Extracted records
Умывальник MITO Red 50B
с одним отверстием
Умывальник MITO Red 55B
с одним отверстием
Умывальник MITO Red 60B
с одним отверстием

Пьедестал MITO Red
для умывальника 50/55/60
==
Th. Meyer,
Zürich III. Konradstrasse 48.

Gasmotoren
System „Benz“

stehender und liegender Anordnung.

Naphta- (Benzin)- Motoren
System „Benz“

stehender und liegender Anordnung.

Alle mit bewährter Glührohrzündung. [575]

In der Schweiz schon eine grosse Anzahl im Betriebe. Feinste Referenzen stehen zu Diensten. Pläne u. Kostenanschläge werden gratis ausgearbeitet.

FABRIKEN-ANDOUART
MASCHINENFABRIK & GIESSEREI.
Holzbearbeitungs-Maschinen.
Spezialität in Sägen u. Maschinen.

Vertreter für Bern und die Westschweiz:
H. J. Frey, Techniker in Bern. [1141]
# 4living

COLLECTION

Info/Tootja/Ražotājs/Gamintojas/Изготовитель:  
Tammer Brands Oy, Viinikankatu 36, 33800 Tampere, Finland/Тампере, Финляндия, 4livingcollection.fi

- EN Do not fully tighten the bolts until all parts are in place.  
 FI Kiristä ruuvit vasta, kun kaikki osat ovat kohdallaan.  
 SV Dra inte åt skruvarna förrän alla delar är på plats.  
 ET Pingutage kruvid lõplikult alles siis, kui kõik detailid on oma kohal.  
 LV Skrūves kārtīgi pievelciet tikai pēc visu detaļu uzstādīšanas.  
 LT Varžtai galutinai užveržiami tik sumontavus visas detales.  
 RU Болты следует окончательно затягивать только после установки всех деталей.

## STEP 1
...
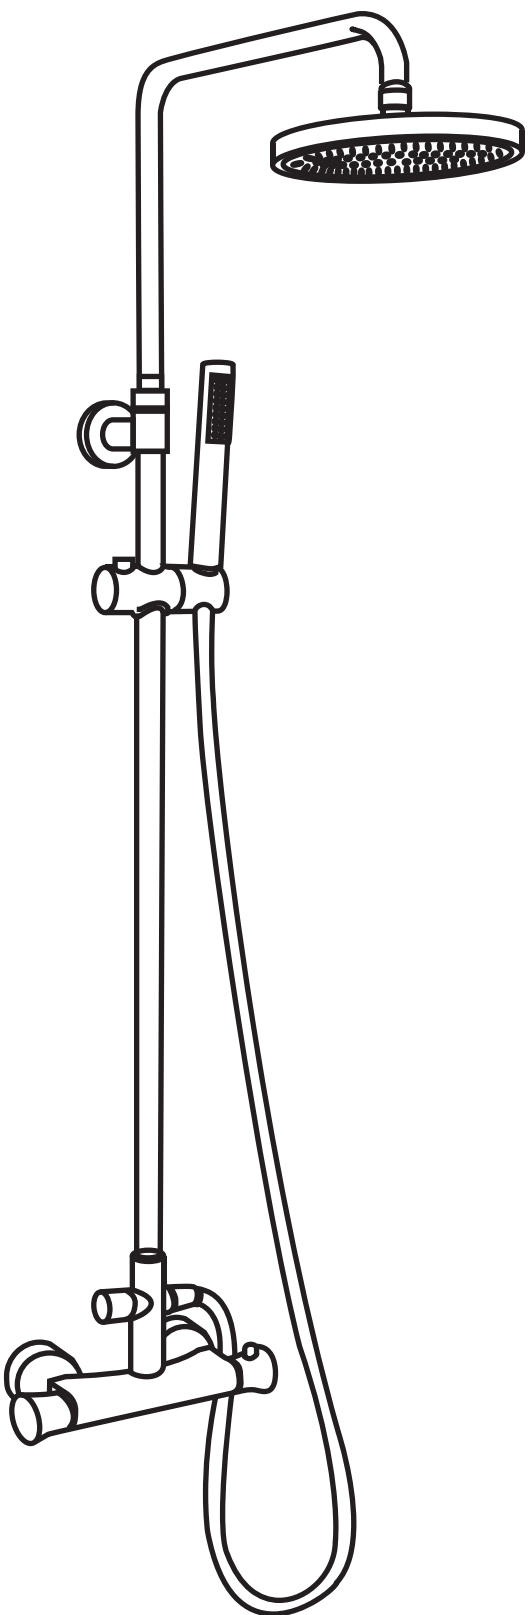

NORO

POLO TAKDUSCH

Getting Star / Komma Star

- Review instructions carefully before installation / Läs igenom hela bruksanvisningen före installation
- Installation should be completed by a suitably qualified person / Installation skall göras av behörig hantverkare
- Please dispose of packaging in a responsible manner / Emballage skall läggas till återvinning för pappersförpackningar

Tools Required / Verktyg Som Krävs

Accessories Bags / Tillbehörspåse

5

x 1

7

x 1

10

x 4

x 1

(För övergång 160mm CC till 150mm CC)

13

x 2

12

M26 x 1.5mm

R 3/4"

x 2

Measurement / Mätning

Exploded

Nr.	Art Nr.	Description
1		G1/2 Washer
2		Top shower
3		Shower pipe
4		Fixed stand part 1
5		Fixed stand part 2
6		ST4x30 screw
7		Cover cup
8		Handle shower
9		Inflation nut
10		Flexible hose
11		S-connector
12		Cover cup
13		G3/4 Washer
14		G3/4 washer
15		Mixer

### WORK INSTRUCTIONS
For this exercise, repeat exactly the lines of the data above from the one with "Умывальник MITO Red 50B" down to the one with "для умывальника 50/55/60", both end lines included.

### TASK OUTPUT
Умывальник MITO Red 50B
с одним отверстием
Умывальник MITO Red 55B
с одним отверстием
Умывальник MITO Red 60B
с одним отверстием

Пьедестал MITO Red
для умывальника 50/55/60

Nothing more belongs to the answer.